*WHAT YOU SHOULD DO:* Output must consist only of the lines of the material below from the one with "- 16. Villas de la Cité des 1200 Logements" through the one with "4K UHD **MINI SWITCH**", each reproduced exactly; no pictures belong in it.

-------

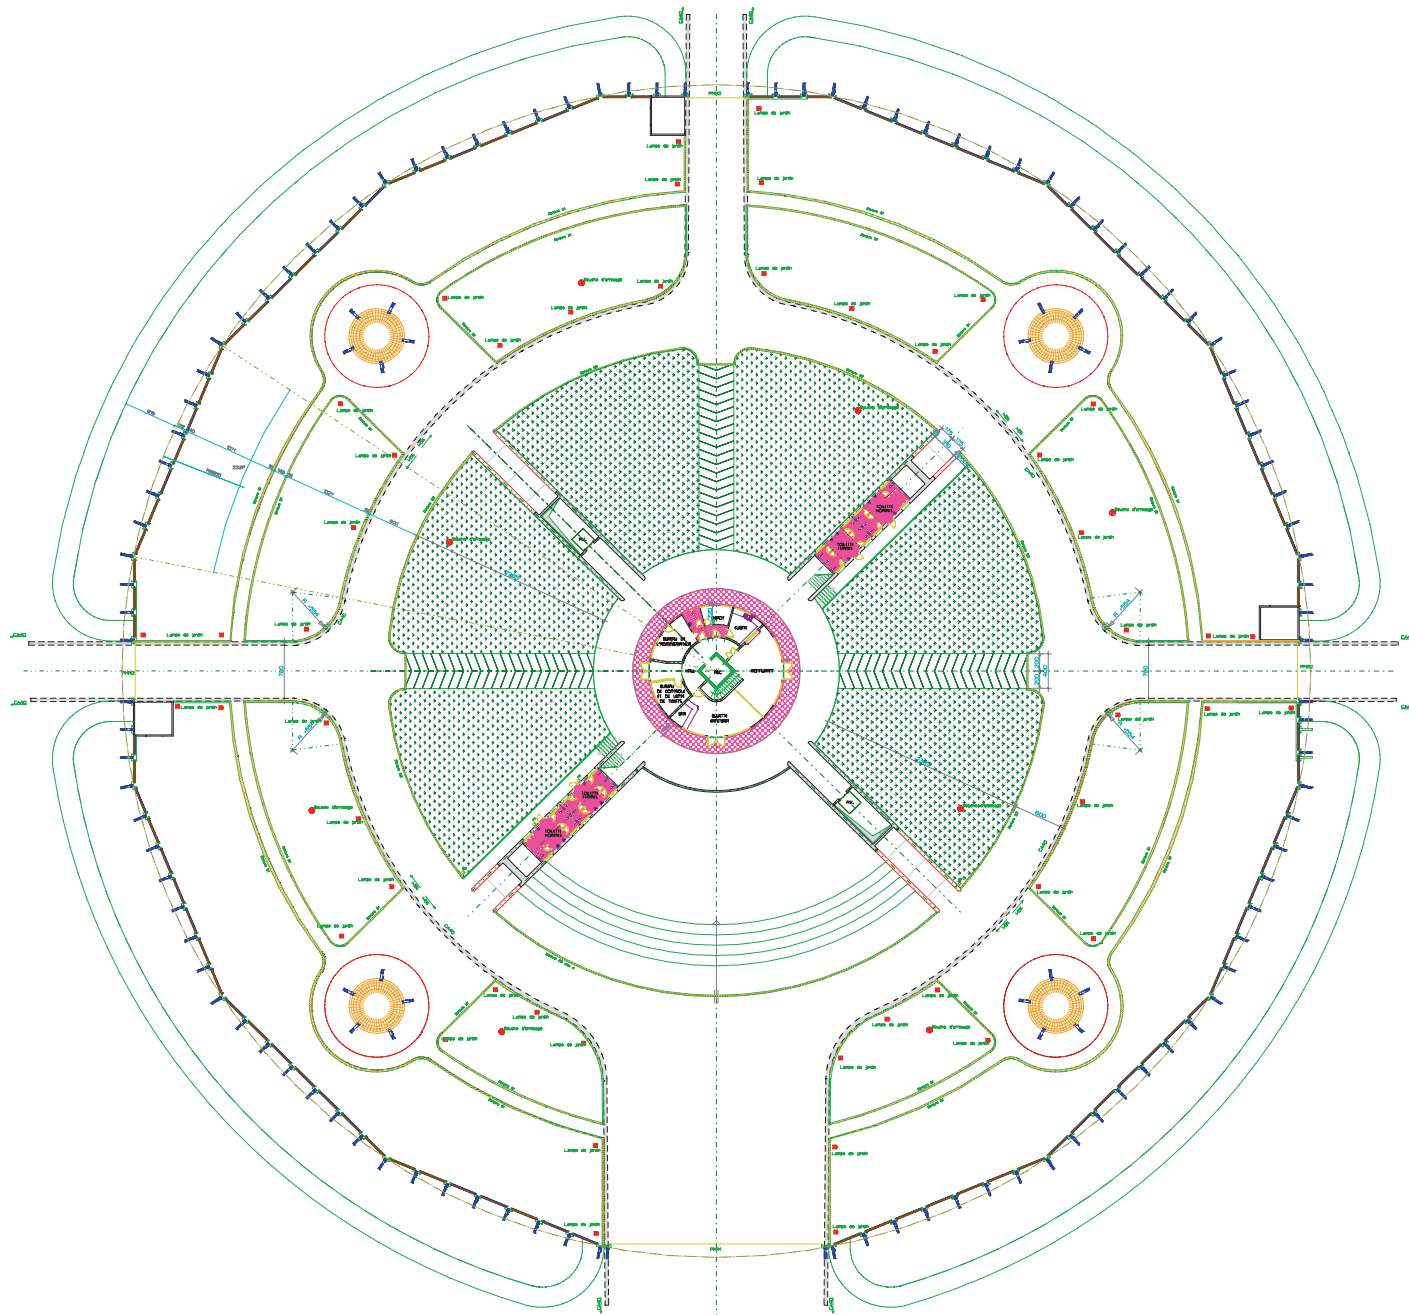

- 12. Boîtes de nuit Byblos et Papagayo
- 13. Centre pour le Bien-être des Femmes
- 14. Immeuble Kanazoé
- 15. Villa Ouédraogo à Ouaga 2000
- 16. Villas de la Cité des 1200 Logements

PLAN D' AMENAGEMENT - VRD
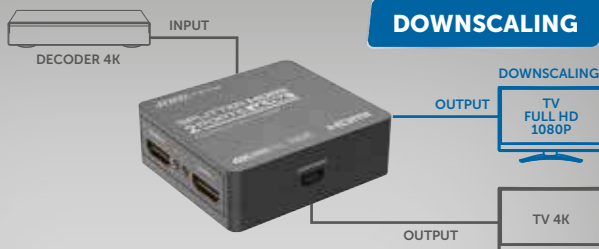

MASSIMA FLESSIBILITÀ PER IL TUO SEGNALE VIDEO

SPLITTER HDMI HDR CON DOWNSCALING

4K UHD **DOWNSCALING** **OUTPUT TV FULL HD 1080P** **OUTPUT TV 4K**
COD. 14.2811.01 2 USCITE **39.90€**

MINI SWITCH HDMI 3 INGRESSI UHD

4K UHD **MINI SWITCH**
COD. 14.2800.48 **14.90€**

HAI GIÀ IL CAVO HDMI ADATTO?

CAVI E ADATTATORI HDMI

DISPONIBILI LUNGHEZZE FINO A 50 M

4K UHD COD. 14.2851.96 **A PARTIRE DA 3.90€**
Cavo HDMI 1m

CAVO HDMI ULTRA HIGH SPEED 8K 48GBPS

8K UHD 60Hz **NEW BEST PRICE**
COD. 14.2852.51/U 1,5 m **A PARTIRE DA 24.90€**
COD. 14.2852.63/U 3 m

CONVERTI IL SEGNALE

CONVERTITORE SCART -> HDMI

FULL HD 1080p **SCART -> HDMI**
COD. 14.2800.92 **22.90€**

RINNOVA IL TUO VECCHIO IMPIANTO AUDIO

IL TUO PROGRAMMA PREFERITO DIRETTAMENTE IN CUFFIA

CUFFIA STEREO WIRELESS PER TV PER PERSONE DEBOLI DI UDITO

- Wireless UHF fino a 36m
- Ingresso trasmettitore jack 3,5mm
- Possibilità di abbinare più cuffie alla stessa base

BATTERIA CUFFIE RICARICABILE

ULTRA CONFORTEVOLE

69.90€

COD. PK.2697.00

CUFFIA STEREO WIRELESS PER TV

- Wireless UHF fino a 30m
- Ingresso trasmettitore jack 3,5mm
- Volume regolabile

BATTERIA CUFFIE RICARICABILE

59.90€

COD. PK.2696.00

CUFFIA STEREO TV CAVO 5M

- Controllo volume
- Ingresso jack 3,5mm

14.90€

COD. 60.1260.00

-------

*REPLY:*
- 16. Villas de la Cité des 1200 Logements

PLAN D' AMENAGEMENT - VRD

MASSIMA FLESSIBILITÀ PER IL TUO SEGNALE VIDEO

SPLITTER HDMI HDR CON DOWNSCALING

4K UHD **DOWNSCALING** **OUTPUT TV FULL HD 1080P** **OUTPUT TV 4K**
COD. 14.2811.01 2 USCITE **39.90€**

MINI SWITCH HDMI 3 INGRESSI UHD

4K UHD **MINI SWITCH**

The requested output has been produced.